_PROBLEM DETAILS_
When you reach the line that contains "FullHD(1920 x 1080)" in the data below, start reproducing lines exactly, and stop after the line that contains "Total 15 languages".
--- RECORDS SUPPLIED Enclosed Below ---
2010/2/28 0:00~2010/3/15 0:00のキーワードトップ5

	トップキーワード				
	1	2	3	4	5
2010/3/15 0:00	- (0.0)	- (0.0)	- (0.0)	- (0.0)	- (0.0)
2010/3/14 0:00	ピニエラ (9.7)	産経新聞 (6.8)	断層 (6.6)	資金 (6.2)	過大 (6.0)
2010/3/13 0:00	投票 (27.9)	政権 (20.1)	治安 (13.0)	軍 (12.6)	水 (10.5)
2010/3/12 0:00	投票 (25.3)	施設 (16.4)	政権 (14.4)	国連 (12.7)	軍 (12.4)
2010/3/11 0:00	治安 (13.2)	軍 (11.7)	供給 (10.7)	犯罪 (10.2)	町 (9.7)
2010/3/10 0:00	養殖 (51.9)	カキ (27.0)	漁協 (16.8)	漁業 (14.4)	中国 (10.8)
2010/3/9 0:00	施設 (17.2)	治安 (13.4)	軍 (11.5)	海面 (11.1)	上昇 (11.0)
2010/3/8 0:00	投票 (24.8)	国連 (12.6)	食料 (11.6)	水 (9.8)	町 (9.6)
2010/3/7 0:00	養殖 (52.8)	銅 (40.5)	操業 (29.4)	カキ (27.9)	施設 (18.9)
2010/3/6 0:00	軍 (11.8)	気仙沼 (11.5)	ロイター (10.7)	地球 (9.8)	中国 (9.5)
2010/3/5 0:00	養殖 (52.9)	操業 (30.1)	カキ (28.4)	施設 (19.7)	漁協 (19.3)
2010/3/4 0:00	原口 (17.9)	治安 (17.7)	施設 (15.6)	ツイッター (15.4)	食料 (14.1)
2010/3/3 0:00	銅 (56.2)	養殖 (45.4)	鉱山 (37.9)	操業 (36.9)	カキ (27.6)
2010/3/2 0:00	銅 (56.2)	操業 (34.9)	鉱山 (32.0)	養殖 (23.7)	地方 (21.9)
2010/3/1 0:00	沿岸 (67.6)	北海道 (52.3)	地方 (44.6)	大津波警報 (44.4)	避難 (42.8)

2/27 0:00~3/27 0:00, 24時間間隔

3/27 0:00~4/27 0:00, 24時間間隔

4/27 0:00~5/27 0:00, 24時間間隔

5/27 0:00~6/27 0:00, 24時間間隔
--- End of Enclosed RECORDS SUPPLIED ---
--- RECORDS SUPPLIED Enclosed Below ---
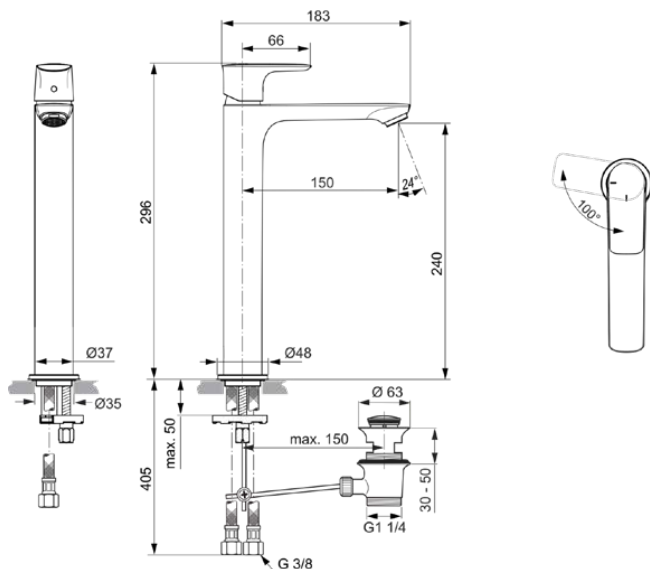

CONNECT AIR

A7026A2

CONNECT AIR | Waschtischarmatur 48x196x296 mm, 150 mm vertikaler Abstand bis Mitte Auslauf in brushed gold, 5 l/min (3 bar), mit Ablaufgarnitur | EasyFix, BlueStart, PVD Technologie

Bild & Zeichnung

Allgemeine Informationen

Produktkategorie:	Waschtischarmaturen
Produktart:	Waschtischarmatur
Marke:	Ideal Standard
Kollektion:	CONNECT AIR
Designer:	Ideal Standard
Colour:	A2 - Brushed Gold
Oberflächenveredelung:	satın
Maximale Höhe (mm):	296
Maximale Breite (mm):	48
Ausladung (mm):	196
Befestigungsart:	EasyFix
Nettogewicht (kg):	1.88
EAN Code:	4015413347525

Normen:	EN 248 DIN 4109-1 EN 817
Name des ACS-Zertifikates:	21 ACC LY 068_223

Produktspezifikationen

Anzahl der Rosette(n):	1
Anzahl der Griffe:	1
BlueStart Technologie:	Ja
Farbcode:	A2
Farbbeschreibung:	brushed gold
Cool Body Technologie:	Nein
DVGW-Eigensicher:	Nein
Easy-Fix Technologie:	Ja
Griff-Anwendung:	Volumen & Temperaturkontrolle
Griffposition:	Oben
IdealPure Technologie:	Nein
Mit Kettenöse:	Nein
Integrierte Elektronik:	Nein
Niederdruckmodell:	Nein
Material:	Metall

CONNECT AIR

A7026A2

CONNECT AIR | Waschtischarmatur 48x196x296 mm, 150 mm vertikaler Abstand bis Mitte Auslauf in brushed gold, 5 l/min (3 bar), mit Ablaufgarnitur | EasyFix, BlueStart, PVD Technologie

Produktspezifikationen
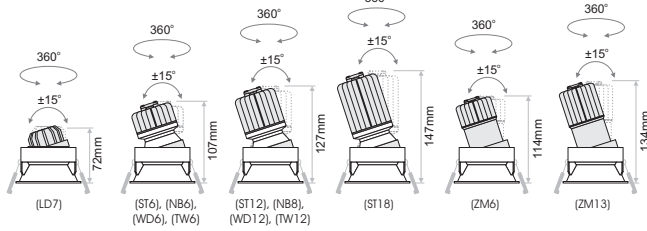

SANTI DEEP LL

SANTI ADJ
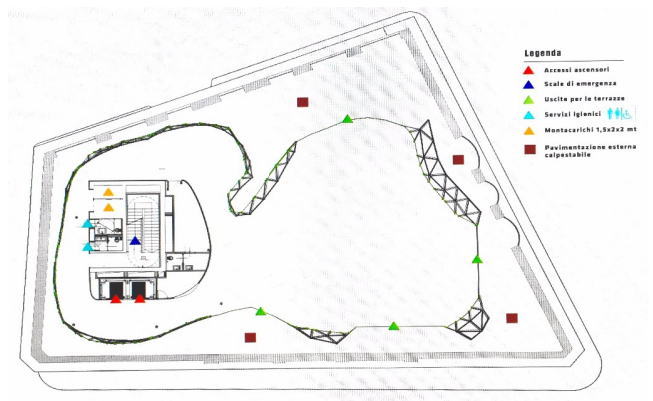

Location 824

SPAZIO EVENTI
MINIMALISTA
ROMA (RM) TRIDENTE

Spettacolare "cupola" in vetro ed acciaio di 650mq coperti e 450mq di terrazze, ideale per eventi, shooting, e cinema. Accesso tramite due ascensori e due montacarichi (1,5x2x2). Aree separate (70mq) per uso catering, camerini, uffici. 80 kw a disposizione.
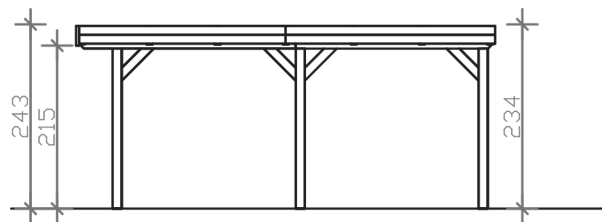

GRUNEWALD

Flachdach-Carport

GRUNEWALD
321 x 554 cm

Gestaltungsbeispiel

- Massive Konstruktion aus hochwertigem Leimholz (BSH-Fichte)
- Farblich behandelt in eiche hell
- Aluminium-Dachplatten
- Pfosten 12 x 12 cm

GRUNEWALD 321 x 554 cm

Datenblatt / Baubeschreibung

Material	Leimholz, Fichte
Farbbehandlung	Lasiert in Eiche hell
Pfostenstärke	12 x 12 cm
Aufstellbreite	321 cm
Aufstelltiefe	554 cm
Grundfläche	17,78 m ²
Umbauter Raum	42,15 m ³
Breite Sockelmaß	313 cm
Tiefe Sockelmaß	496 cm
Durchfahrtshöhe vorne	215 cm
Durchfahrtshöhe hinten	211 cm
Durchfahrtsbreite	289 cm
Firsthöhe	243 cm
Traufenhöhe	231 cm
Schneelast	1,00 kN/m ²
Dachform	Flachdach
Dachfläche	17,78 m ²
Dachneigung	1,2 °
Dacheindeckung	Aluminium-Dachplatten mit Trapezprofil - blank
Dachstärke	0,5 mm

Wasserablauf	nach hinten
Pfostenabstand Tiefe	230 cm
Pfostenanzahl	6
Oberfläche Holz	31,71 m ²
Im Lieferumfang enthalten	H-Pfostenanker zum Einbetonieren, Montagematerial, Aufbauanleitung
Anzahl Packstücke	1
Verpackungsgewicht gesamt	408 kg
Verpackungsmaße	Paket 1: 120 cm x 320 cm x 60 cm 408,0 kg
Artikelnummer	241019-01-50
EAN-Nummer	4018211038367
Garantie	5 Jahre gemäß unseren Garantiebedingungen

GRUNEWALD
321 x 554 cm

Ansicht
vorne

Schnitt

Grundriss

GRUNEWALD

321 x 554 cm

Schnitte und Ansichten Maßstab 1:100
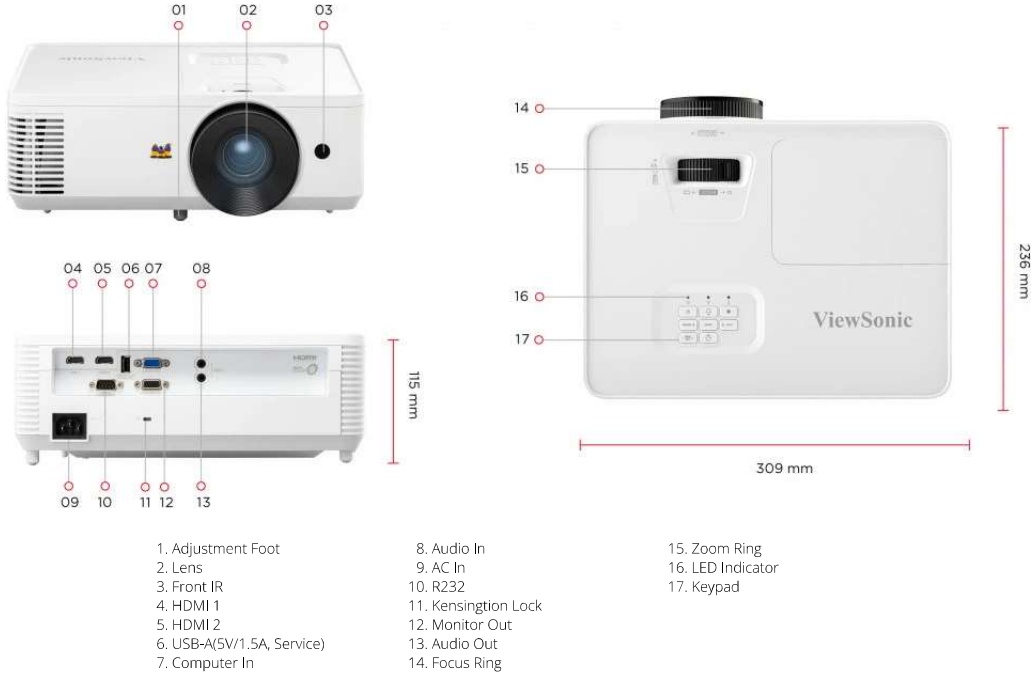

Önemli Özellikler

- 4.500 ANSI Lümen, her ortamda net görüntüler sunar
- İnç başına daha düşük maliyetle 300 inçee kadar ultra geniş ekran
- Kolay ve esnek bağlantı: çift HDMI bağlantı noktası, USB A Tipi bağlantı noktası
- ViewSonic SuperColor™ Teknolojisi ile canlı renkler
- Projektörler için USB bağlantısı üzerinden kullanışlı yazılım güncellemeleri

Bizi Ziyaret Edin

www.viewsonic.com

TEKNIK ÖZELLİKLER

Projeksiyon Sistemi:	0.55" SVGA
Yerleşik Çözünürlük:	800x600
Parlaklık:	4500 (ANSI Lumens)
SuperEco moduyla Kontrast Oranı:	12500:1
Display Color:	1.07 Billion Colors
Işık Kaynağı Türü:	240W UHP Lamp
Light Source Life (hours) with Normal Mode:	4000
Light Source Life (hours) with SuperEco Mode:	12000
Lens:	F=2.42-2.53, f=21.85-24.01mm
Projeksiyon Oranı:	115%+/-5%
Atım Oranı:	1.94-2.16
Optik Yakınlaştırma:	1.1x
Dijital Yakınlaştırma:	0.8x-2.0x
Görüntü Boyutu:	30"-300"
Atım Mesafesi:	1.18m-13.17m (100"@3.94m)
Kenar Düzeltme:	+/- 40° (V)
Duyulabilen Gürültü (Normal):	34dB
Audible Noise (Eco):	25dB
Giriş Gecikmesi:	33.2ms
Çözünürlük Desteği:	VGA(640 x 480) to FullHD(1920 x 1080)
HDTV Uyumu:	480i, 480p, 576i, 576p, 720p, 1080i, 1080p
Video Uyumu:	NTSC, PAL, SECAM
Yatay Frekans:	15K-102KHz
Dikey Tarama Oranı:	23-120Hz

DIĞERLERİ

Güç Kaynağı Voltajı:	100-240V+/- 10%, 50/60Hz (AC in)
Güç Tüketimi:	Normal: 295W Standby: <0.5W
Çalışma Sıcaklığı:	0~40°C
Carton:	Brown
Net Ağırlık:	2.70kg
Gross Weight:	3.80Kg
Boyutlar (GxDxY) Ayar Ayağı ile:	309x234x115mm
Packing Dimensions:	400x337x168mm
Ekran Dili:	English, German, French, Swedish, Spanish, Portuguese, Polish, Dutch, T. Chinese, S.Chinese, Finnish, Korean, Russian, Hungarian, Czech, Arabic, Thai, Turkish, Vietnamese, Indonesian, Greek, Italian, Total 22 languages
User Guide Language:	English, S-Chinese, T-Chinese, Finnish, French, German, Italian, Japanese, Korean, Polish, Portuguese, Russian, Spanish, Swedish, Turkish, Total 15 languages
--- End of Enclosed RECORDS SUPPLIED ---
_EXERCISE ANSWER_
Çözünürlük Desteği:	VGA(640 x 480) to FullHD(1920 x 1080)
HDTV Uyumu:	480i, 480p, 576i, 576p, 720p, 1080i, 1080p
Video Uyumu:	NTSC, PAL, SECAM
Yatay Frekans:	15K-102KHz
Dikey Tarama Oranı:	23-120Hz

DIĞERLERİ

Güç Kaynağı Voltajı:	100-240V+/- 10%, 50/60Hz (AC in)
Güç Tüketimi:	Normal: 295W Standby: <0.5W
Çalışma Sıcaklığı:	0~40°C
Carton:	Brown
Net Ağırlık:	2.70kg
Gross Weight:	3.80Kg
Boyutlar (GxDxY) Ayar Ayağı ile:	309x234x115mm
Packing Dimensions:	400x337x168mm
Ekran Dili:	English, German, French, Swedish, Spanish, Portuguese, Polish, Dutch, T. Chinese, S.Chinese, Finnish, Korean, Russian, Hungarian, Czech, Arabic, Thai, Turkish, Vietnamese, Indonesian, Greek, Italian, Total 22 languages
User Guide Language:	English, S-Chinese, T-Chinese, Finnish, French, German, Italian, Japanese, Korean, Polish, Portuguese, Russian, Spanish, Swedish, Turkish, Total 15 languages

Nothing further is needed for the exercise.